### [Prompt]
What is needed is an exact copy of every entry, without the pictures.

[Stored data]
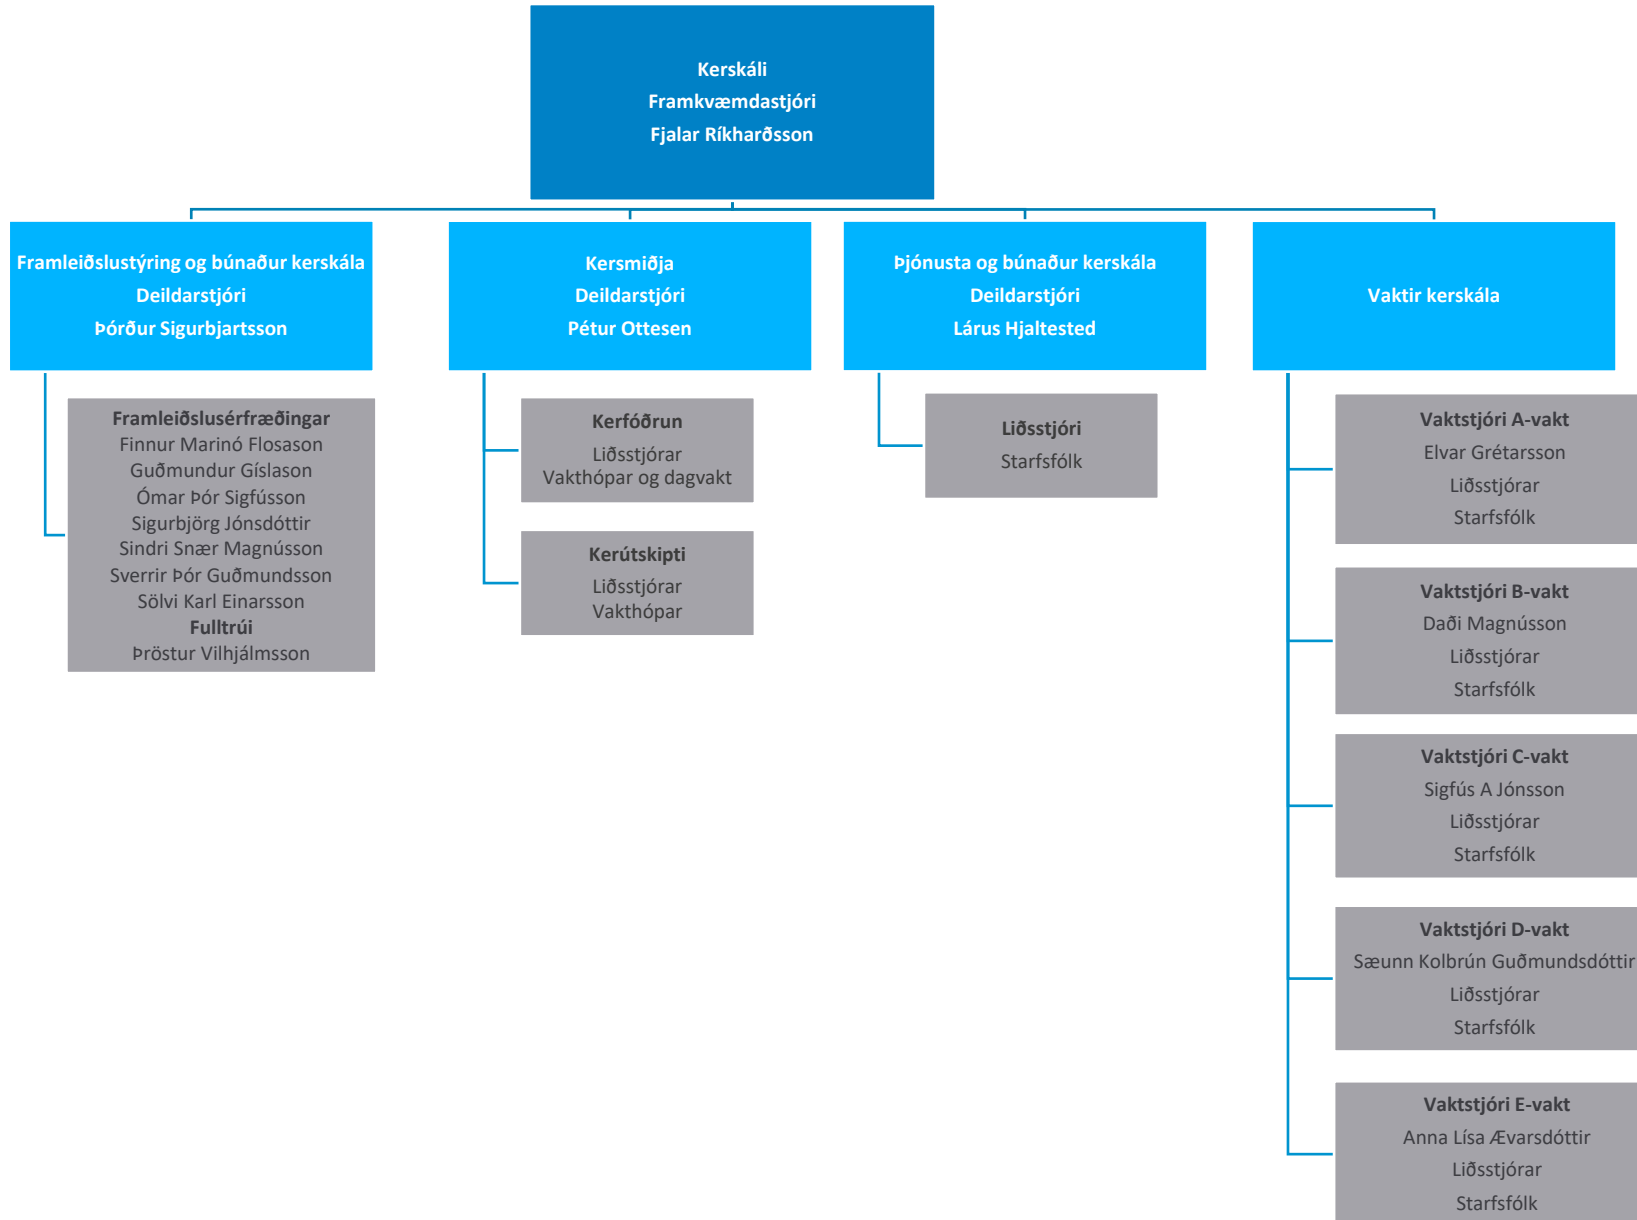

The logo consists of the letters 'NA' in a white, bold, sans-serif font, set against a blue square background.

NORÐURÁL

Norðurál

Skipurit

Janúar 2025

Skipurit Norðuráls

Kerskáli

Skautsmiðja

Öryggis-, umhverfis- og umbótasvið

Tæknisvið

Mannauðssvið

Fjármálasvið

Viðskiptaþróun

Samskipti og samfélagsmál

### [Answer below]
The logo consists of the letters 'NA' in a white, bold, sans-serif font, set against a blue square background.

NORÐURÁL

Norðurál

Skipurit

Janúar 2025

Skipurit Norðuráls

Kerskáli

Skautsmiðja

Öryggis-, umhverfis- og umbótasvið

Tæknisvið

Mannauðssvið

Fjármálasvið

Viðskiptaþróun

Samskipti og samfélagsmál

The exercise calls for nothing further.